Record set:
########
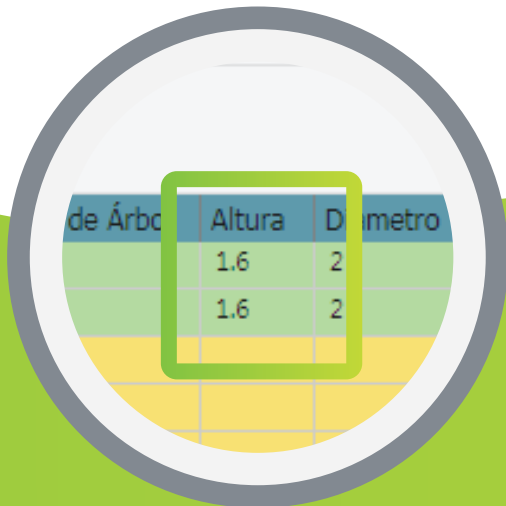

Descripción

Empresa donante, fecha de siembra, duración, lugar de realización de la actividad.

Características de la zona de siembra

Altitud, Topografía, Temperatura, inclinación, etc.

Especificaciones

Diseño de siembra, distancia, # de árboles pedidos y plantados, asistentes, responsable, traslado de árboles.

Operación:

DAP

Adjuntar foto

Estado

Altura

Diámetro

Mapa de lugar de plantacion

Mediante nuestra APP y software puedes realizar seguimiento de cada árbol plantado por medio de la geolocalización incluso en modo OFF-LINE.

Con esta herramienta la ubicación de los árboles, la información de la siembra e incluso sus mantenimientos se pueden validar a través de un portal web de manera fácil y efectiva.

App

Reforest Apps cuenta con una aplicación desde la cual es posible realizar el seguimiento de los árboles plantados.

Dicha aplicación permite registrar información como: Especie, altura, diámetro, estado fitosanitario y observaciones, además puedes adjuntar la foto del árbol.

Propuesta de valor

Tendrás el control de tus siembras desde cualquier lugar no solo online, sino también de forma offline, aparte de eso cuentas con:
########
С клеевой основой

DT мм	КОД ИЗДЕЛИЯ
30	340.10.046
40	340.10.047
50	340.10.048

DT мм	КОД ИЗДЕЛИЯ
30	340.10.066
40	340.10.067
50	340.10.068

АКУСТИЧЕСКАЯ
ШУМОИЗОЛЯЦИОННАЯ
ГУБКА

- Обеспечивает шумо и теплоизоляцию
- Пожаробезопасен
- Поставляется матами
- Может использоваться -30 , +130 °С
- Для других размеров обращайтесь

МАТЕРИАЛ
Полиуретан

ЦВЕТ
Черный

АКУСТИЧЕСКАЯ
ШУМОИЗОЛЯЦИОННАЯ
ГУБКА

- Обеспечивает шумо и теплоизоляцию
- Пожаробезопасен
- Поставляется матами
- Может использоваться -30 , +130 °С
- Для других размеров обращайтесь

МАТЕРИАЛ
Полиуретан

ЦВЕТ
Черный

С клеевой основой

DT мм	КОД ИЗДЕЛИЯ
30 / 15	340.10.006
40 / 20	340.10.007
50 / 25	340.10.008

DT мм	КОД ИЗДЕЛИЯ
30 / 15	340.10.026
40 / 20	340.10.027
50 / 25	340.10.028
########
Problem statement: Please give back exactly the lines of the listing above that run from the one containing "Con esta herramienta" through the one containing "Tendrás el control", and only those.

Answer to this problem:
Con esta herramienta la ubicación de los árboles, la información de la siembra e incluso sus mantenimientos se pueden validar a través de un portal web de manera fácil y efectiva.

App

Reforest Apps cuenta con una aplicación desde la cual es posible realizar el seguimiento de los árboles plantados.

Dicha aplicación permite registrar información como: Especie, altura, diámetro, estado fitosanitario y observaciones, además puedes adjuntar la foto del árbol.

Propuesta de valor

Tendrás el control de tus siembras desde cualquier lugar no solo online, sino también de forma offline, aparte de eso cuentas con:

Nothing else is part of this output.